MySQL MySQL中的UUID性能?
声明:本页面是StackOverFlow热门问题的中英对照翻译,遵循CC BY-SA 4.0协议,如果您需要使用它,必须同样遵循CC BY-SA许可,注明原文地址和作者信息,同时你必须将它归于原作者(不是我):StackOverFlow
原文地址: http://stackoverflow.com/questions/2365132/
Warning: these are provided under cc-by-sa 4.0 license. You are free to use/share it, But you must attribute it to the original authors (not me):
StackOverFlow
UUID performance in MySQL?
提问by Patrick Lightbody
We're considering using UUID values as primary keys for our MySQL database. The data being inserted is generated from dozens, hundreds, or even thousands of remote computers and being inserted at a rate of 100-40,000 inserts per second, and we'll never do any updates.
我们正在考虑使用 UUID 值作为 MySQL 数据库的主键。插入的数据是从数十、数百甚至数千台远程计算机生成的,并且以每秒 100-40,000 次插入的速度插入,我们永远不会进行任何更新。
The database itself will typically get to around 50M records before we start to cull data, so not a massive database, but not tiny either. We're also planing to run on InnoDB, though we are open to changing that if there is a better engine for what we're doing.
在我们开始剔除数据之前,数据库本身通常会达到大约 5000 万条记录,因此不是一个庞大的数据库,但也不是很小。我们还计划在 InnoDB 上运行,但如果我们正在做的事情有更好的引擎,我们愿意改变它。
We were ready to go with Java's Type 4 UUID, but in testing have been seeing some strange behavior. For one, we're storing as varchar(36) and I now realize we'd be better off using binary(16) - though how much better off I'm not sure.

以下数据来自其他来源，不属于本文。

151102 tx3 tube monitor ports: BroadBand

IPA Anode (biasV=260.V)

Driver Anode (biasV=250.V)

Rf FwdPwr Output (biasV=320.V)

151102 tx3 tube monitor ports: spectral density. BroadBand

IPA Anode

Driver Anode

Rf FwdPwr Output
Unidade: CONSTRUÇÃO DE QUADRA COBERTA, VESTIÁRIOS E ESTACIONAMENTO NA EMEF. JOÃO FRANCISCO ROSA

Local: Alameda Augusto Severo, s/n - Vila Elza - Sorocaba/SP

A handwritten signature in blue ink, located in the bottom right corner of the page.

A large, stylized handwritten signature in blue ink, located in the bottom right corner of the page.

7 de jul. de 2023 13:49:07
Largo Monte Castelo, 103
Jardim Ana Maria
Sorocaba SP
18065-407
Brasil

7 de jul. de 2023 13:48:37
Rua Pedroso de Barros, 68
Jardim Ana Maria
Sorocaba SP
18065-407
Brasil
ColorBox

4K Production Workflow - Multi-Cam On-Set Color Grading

我们已经准备好使用 Java 的 Type 4 UUID,但是在测试中发现了一些奇怪的行为。一方面,我们存储为 varchar(36) 并且我现在意识到我们最好使用 binary(16) - 尽管我不确定有多好。
The bigger question is: how badly does this random data screw up the index when we have 50M records? Would we be better off if we used, for example, a type-1 UUID where the leftmost bits were timestamped? Or maybe we should ditch UUIDs entirely and consider auto_increment primary keys?
更大的问题是:当我们有 50M 记录时,这些随机数据对索引的影响有多严重?例如,如果我们使用最左边的位带有时间戳的类型 1 UUID,我们会不会更好?或者我们应该完全放弃 UUID 并考虑 auto_increment 主键?

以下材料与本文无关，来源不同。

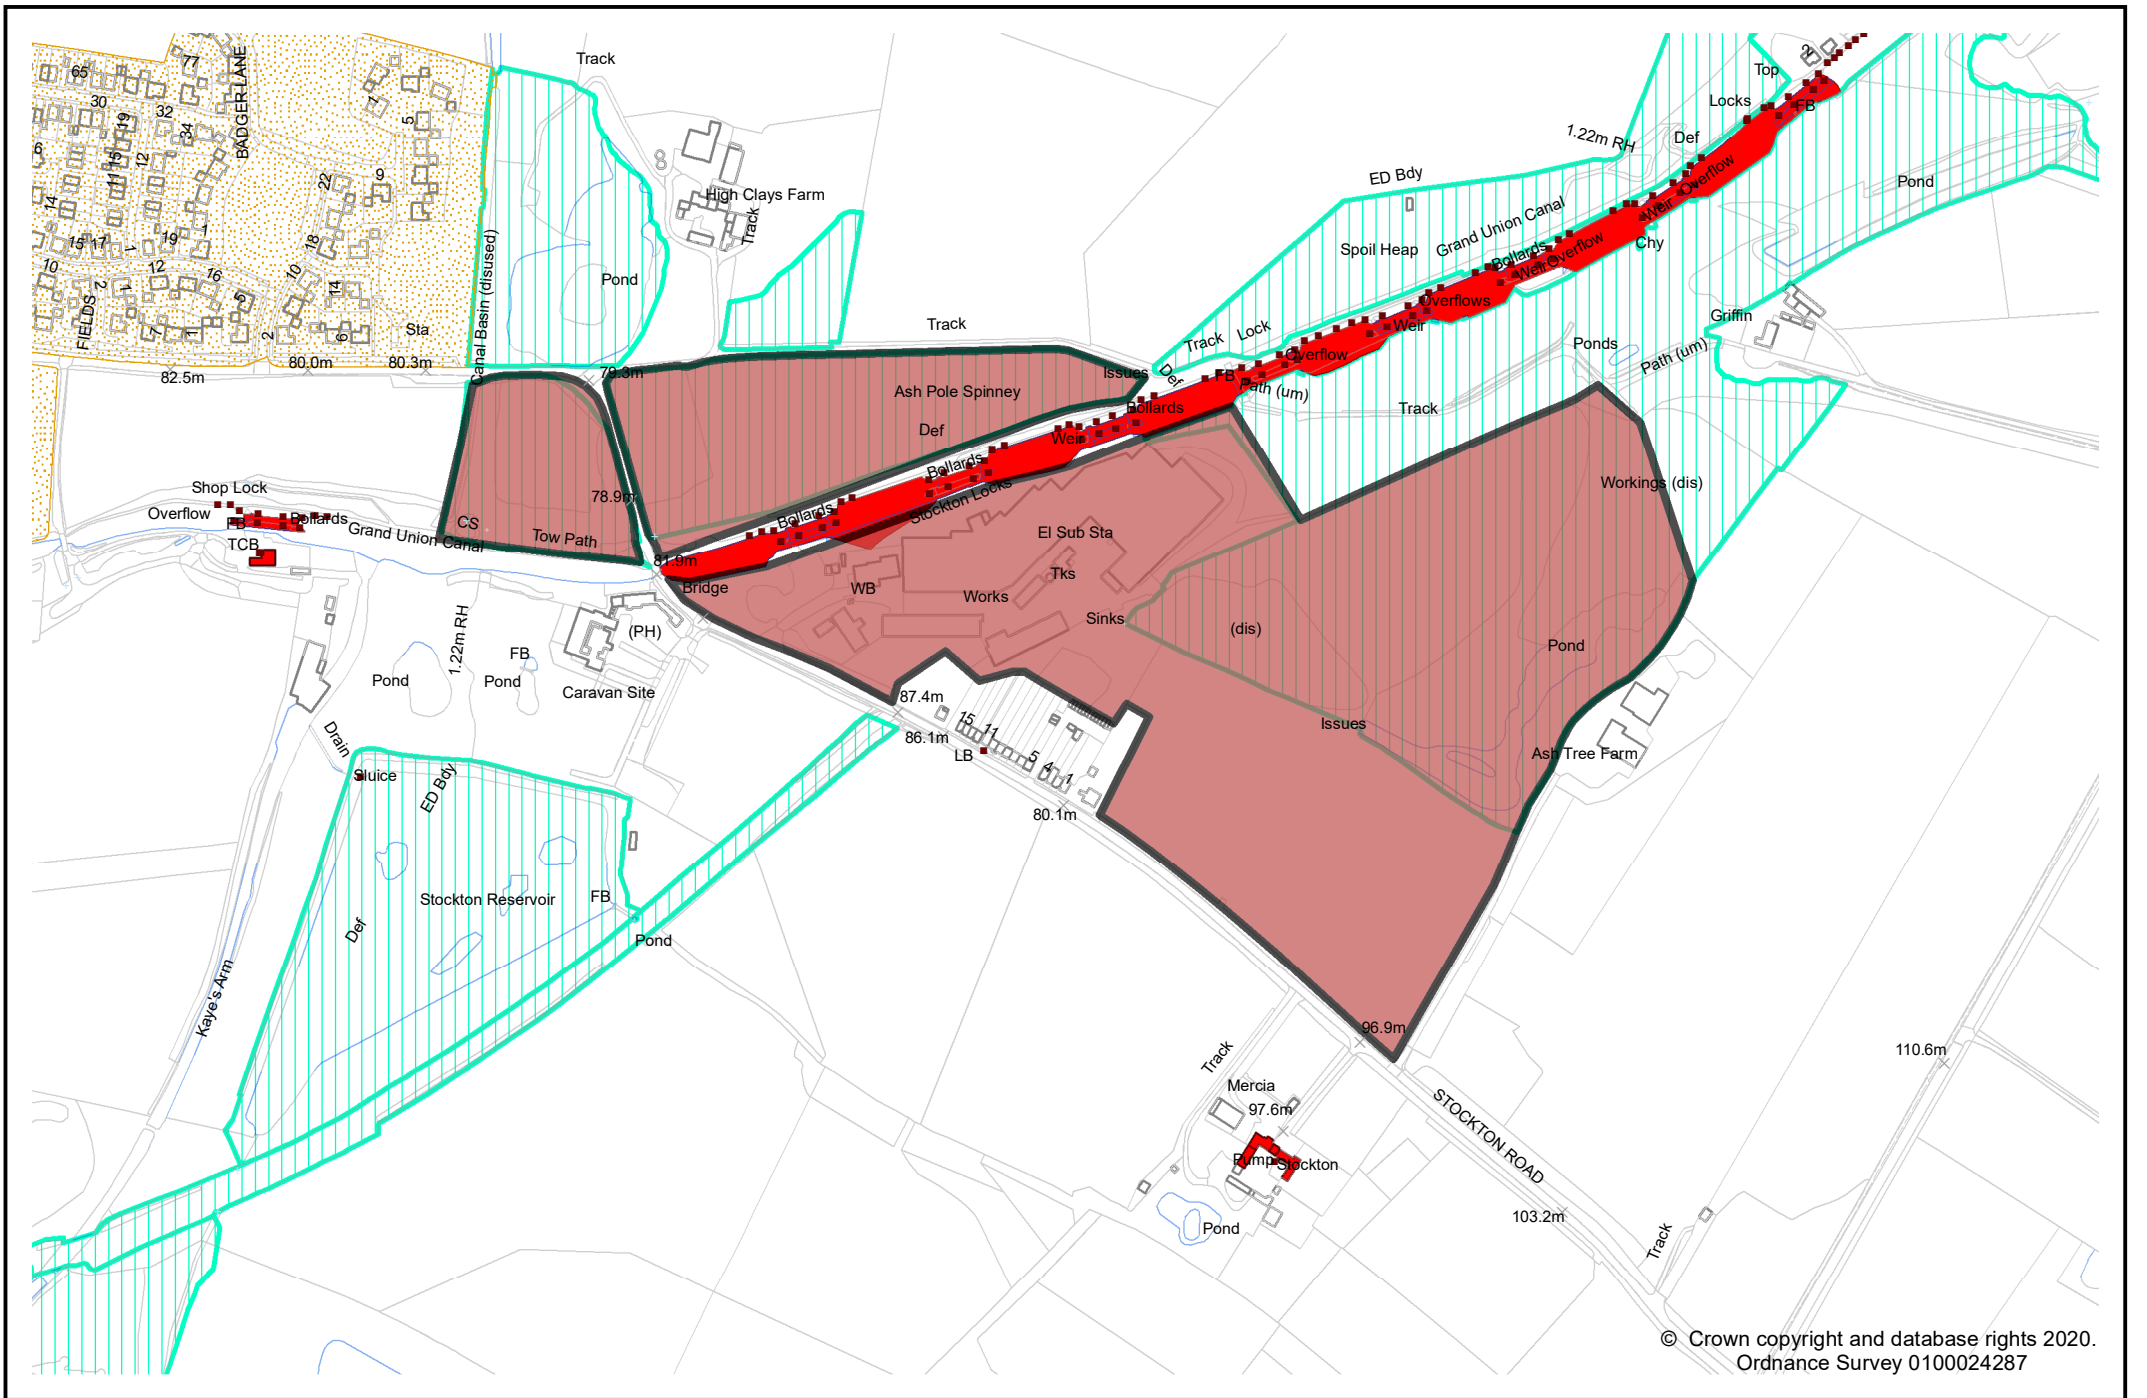

Site LSL.19 - Glebe Farm, Sambourne

© Crown copyright and database rights 2020.
Ordnance Survey 0100024287

I'm looking for general thoughts/tips on the performance of different types of UUIDs when they are stored as an index/primary key in MySQL. Thanks!
我正在寻找有关不同类型 UUID 在作为索引/主键存储在 MySQL 中时的性能的一般想法/提示。谢谢!
采纳答案by Dancrumb
A UUID is a Universally Unique ID. It's the universally part that you should be considering here.
UUID 是通用唯一 ID。这是您应该在这里考虑的通用部分。
Do you reallyneed the IDs to be universally unique? If so, then UUIDs may be your only choice.
您真的需要 ID 是普遍唯一的吗?如果是这样,那么 UUID 可能是您唯一的选择。
I would strongly suggest that if you douse UUIDs, you store them as a number and not as a string. If you have 50M+ records, then the saving in storage space will improve your performance (although I couldn't say by how much).
我强烈建议,如果您确实使用 UUID,请将它们存储为数字而不是字符串。如果你有 50M+ 的记录,那么节省的存储空间会提高你的性能(虽然我不能说多少)。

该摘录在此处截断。